Hayes, who had 87 tackles and four pass breakups in 2018, has been involved in the community with other members of the football team outside of the food drive by visiting local schools and reading to children. Hayes said that’s an important effort to him, because he wants to show children that the team cares about them.

“They come to our games and support us,” Hayes said. “We want to show them that we support them as well.”

Character driven

Hayes nominated himself for Eag of the Year. He received written recommendations for the award from EWU head coach Aaron Best, EWU public relations professor Jessica Boyer and Hayes’ high school head coach Eric Boles. Best said in his recommendation that Hayes possesses qualities that align with team and university values.

Richard N. Clark IV
Dehonta Hayes poses in front of Roos Field. After leaving EWU, Hayes plans on returning to Tacoma and will continue finding ways to get involved in the community.
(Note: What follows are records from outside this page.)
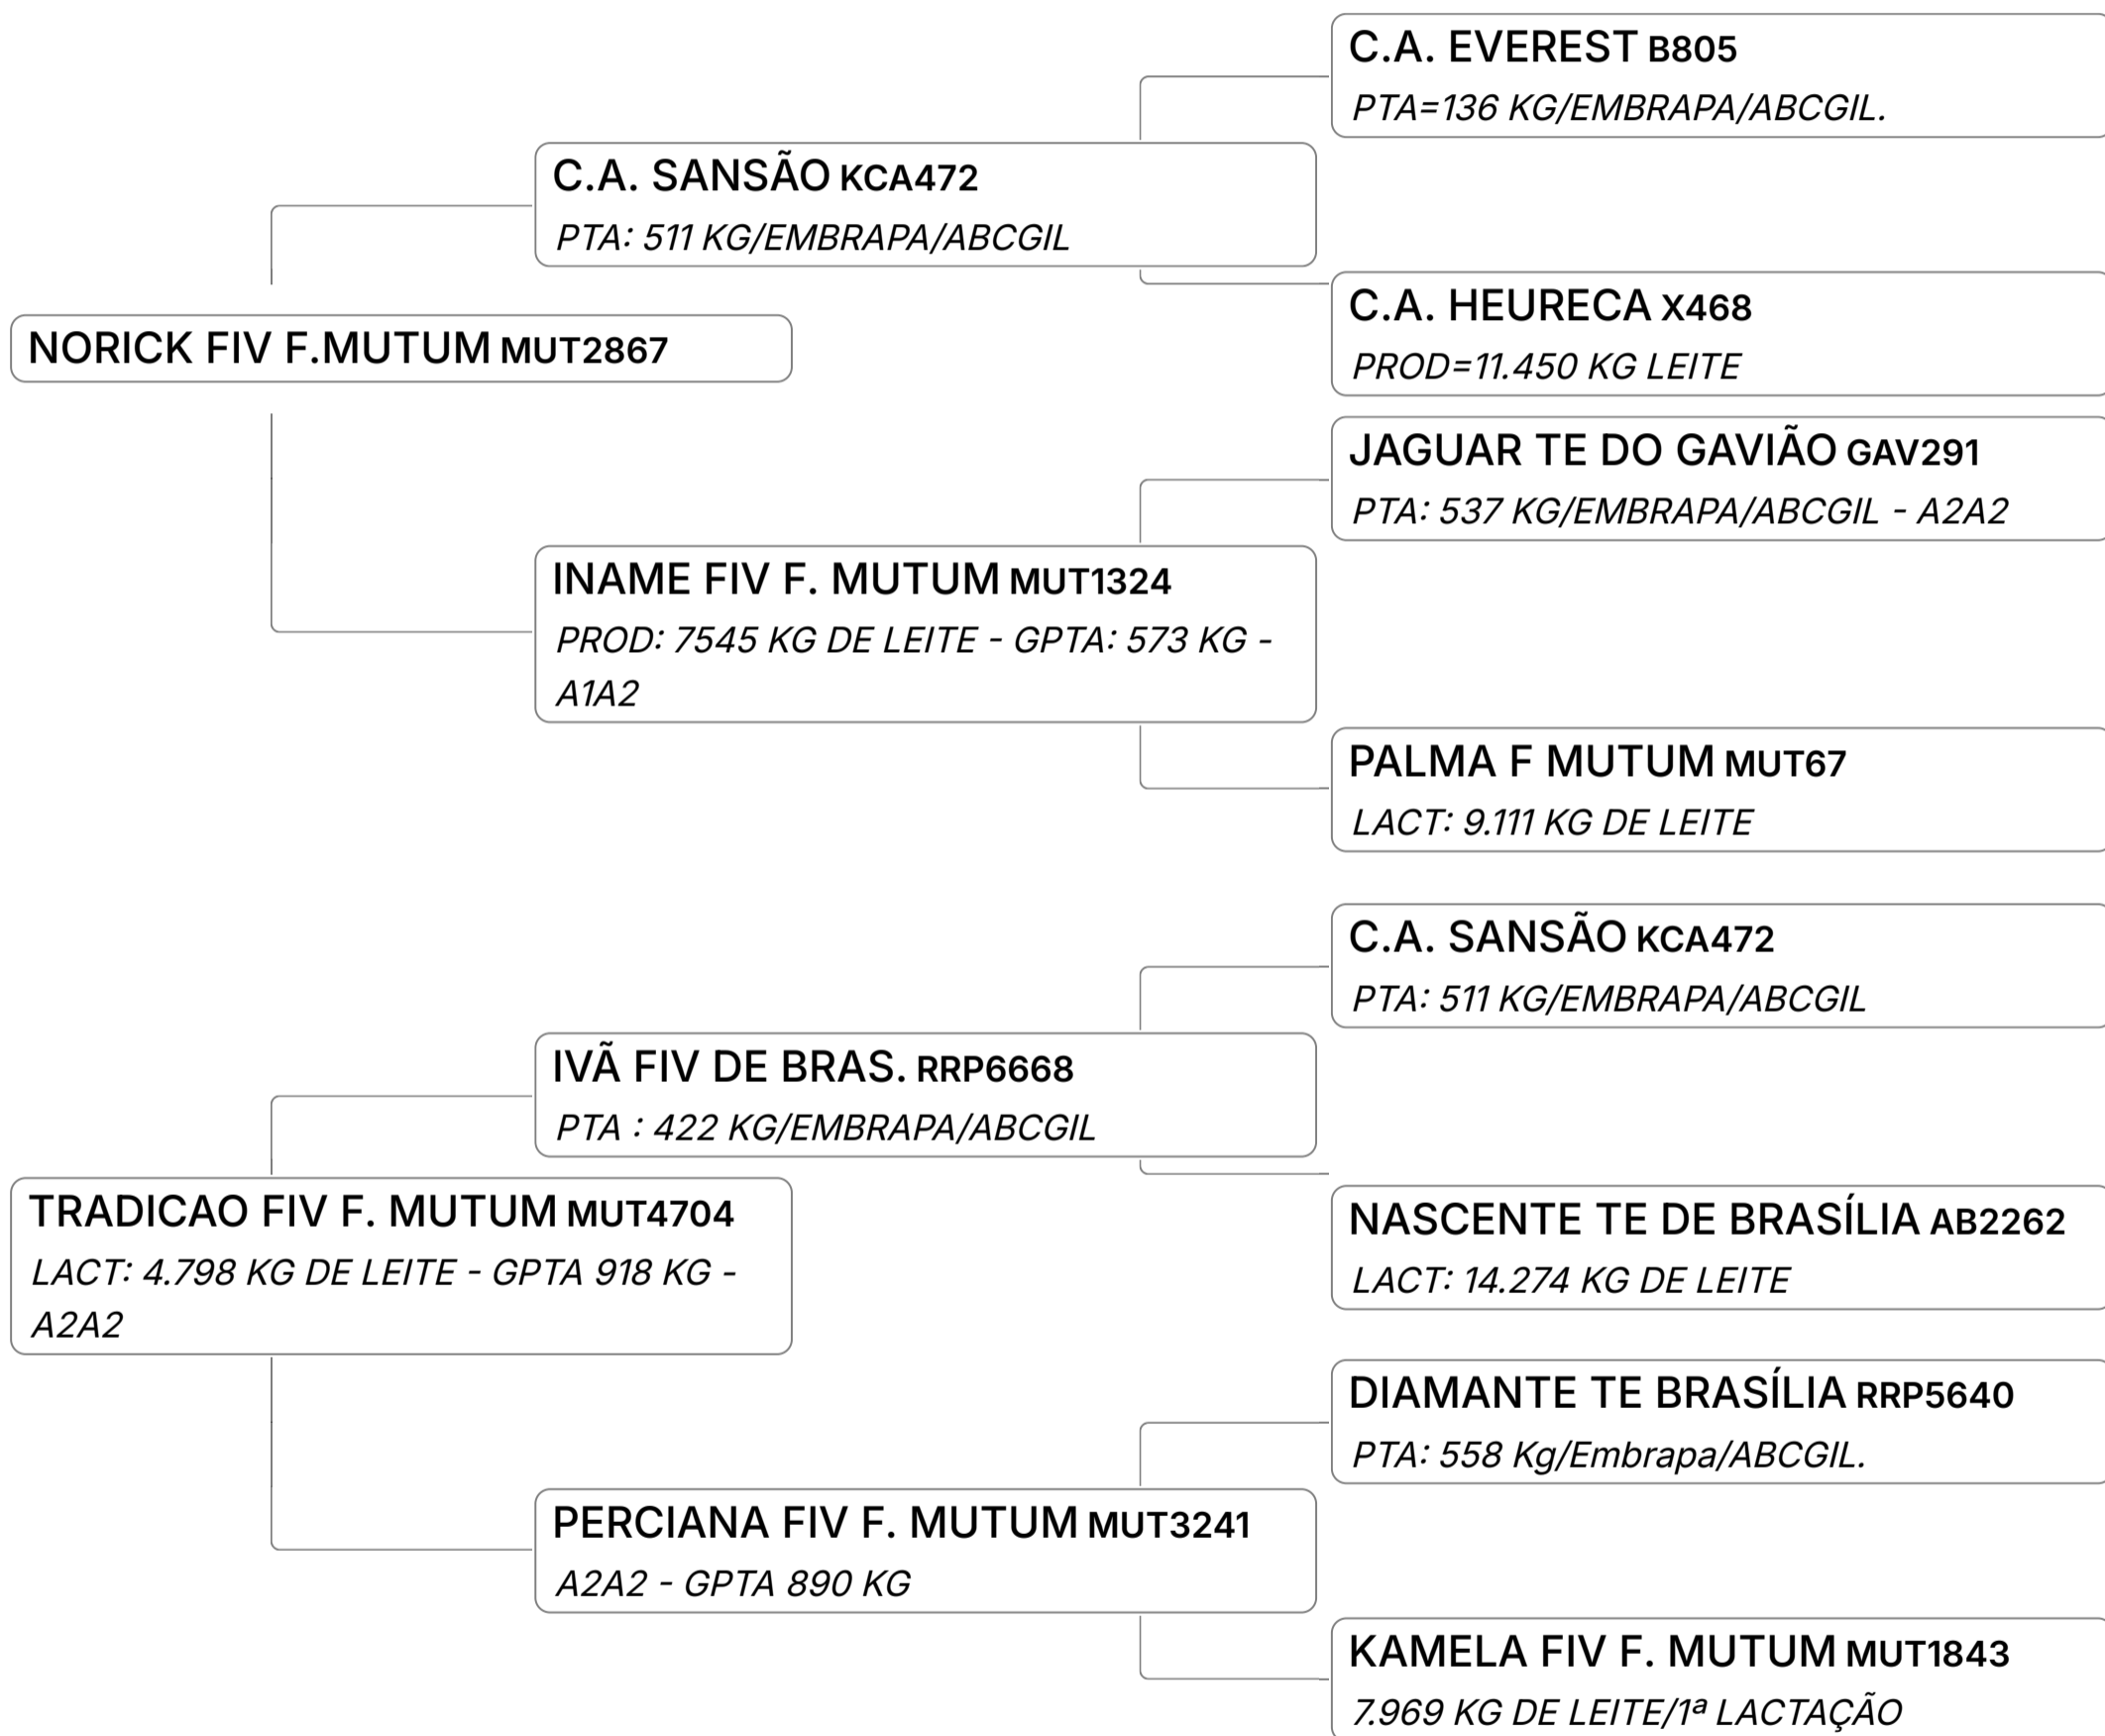

Lote
14

BASE FIV F. MUTUM (MUT5856)

Individual **Animal** | GIR LEITEIRO | FÊMEA Nasc: 18/08/2024 | 21 meses Vendedor **FAZENDA MUTUM**

Lote

15

BOLHA FIV F. MUTUM (MUT5858)

Individual **Animal** | GIR LEITEIRO | FÊMEA Nasc: 18/08/2024 | 21 meses Vendedor **FAZENDA MUTUM**

Lote
17

BELL FIV F. MUTUM (MUT5864)

Individual **Animal** | GIR LEITEIRO | FÊMEA Nasc: 21/08/2024 | 21 meses Vendedor **FAZENDA MUTUM**

Lote
18

BAQUIRA F. MUTUM (MUT5868)

Individual **Animal** | GIR LEITEIRO | FÊMEA Nasc: 30/08/2024 | 21 meses Vendedor **FAZENDA MUTUM**

Lote
19

BELCA FIV F. MUTUM (MUT5874)

Individual **Animal** | GIR LEITEIRO | FÊMEA Nasc: 19/09/2024 | 20 meses Vendedor **FAZENDA MUTUM**

Lote

20

BARCELONA FIV F. MUTUM (MUT5901)

Individual **Animal** | GIR LEITEIRO | FÊMEA Nasc: 03/10/2024 | 19 meses Vendedor **FAZENDA MUTUM**

Lote

21

BARBELA F. MUTUM (MUT5912)

Individual **Animal** | GIR LEITEIRO | FÊMEA Nasc: 09/10/2024 | 19 meses Vendedor **FAZENDA MUTUM**

Lote
22

BARCA F. MUTUM (MUT5923)

Individual **Animal** | GIR LEITEIRO | FÊMEA Nasc: 29/10/2024 | 19 meses Vendedor **FAZENDA MUTUM**
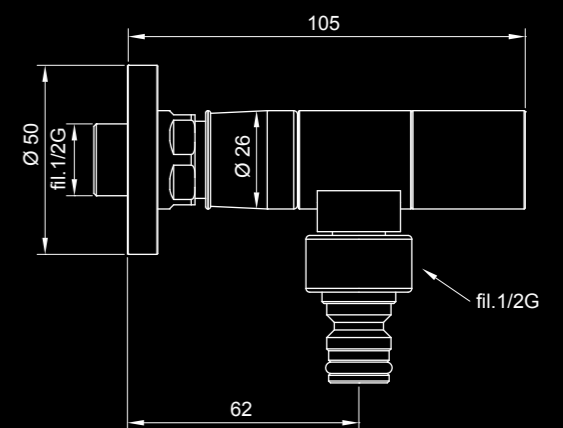

IG947U

OUTDOOR

Attacco rapido rubinetto **inGENIUS** in ottone con raccordo 1/2" G portagomma per componentistica da giardino universale con vitone ceramico.

Brass rapid fitting garden tap with connection 1/2" G for universal garden components with ceramic head.

Raccord rapide eau robinet inGENIUS en laiton avec raccordement 1/2" G pour brancher le tuyau au robinet, pour composants jardin universels, avec valve céramique.

connesso con IG960UNE
connect to IG960UNE
en connexion avec IG960UNE

Cod. FINITURE - FINISHES - FINITIONS

IG947 Finitura ottone grezzo
Natural brass
Finition laiton brut

IG947G Finitura cromo
Chrome plated
Finition chrome

IG947GB Finitura bronzo antico
Antique bronze plated
Finition bronze vieux

IG947GR Finitura rame antico
Copper plated
Finition cuivre vieux

IG947U

OUTDOOR

Attacco rapido rubinetto **inGENIUS** in ottone con raccordo 1/2" G portagomma per componentistica da giardino universale con vitone ceramico.

Brass rapid fitting garden tap with connection 1/2" G for universal garden components with ceramic head.

Raccord rapide eau robinet inGENIUS en laiton avec raccordement 1/2" G pour brancher le tuyau au robinet, pour composants jardin universels, avec valve céramique.

Cod. FINITURE - FINISHES - FINITIONS

IG470 Finitura ottone grezzo
Natural brass
Finition laiton brut

IG470G Finitura cromo
Chrome plated
Finition chrome

IG470GB Finitura bronzo antico
Antique bronze plated
Finition bronze vieux

IG470GR Finitura rame antico
Copper plated
Finition cuivre vieux

IG470

“His friendliness and willingness to converse with people is far and away his greatest quality,” Best said in his letter. “Dehonta has the innate ability to connect with many different types of people, personalities and perspectives … His company is enjoyed by a wide variety of people.”

All three recommendations mentioned Hayes’ strong achievements in the classroom. Hayes currently maintains a 3.8 GPA. Boyer, who has had Hayes in several of her classes, mentioned his willingness to go above and beyond with his assignments.

“Dehonta is very dedicated to his studies and is one of the top students in my PR courses,” Boyer’s letter said. “His critical thinking and analytical skills are particularly impressive; Dehonta often approaches public relations issues with the strategic professionalism of someone well beyond his experience level.”

Boles said he was “delighted” to be recommending Hayes for the award after serving as his coach for several years, and that he “truly loves” Hayes and what he represents.

“Dehonta is a terrific athlete and terrific student, but what sets him apart is his character,” Boles said in his letter. “His success so far has been a result of hard work and his positive attitude. These are the qualities that will allow Dehonta to succeed in life.”

“They come to our games and support us. We want to show them that we support them as well.””

— Dehonta Hayes, redshirt junior safety

EWU All-American senior center Spencer Blackburn echoed Boles’ sentiments about Hayes’ work ethic and said his commitment to going “all-in” with everything he does is impressive. Blackburn added that Hayes is “just a little different.” When asked what that meant, Blackburn said that people who are “different” go above and beyond the status quo. Blackburn referred to Hayes’ efforts with the food pantry as an example.

“That’s not an easy chore to be a part of,” Blackburn said. “But (Hayes) isn’t a half-in person; if he does something, he’s going all in.”

Hayes learned about the Eag of the Year award from Associate Athletic Director of Communications Dave Cook.

“He was telling me the (award) could be something I’d be interested in, considering I’ve been working very hard this school year to increase my image not just on the football field, but off it,” Hayes said. “I’m more than just a football player. I care about this school, this community and the people who go to this school.”

After leaving EWU, Hayes plans on returning to Tacoma and will continue finding ways to get involved in the community. He said that area is currently in need of a lot of help, which he feels he can provide.

“They need as (many) people coming back and being able to help,” Hayes said. “When I’m done (with school) I’m going to go right back and somehow involve myself in the community.”

Hayes said he doesn’t expect anything in return for his efforts, noting that if that were the case, “I wouldn’t be doing it for the right reasons.”

“I’m doing it out of generosity and the care that I have for younger people,” Hayes said. “I’m not doing it to gain anything or for people to give me awards … I do it just because I care.”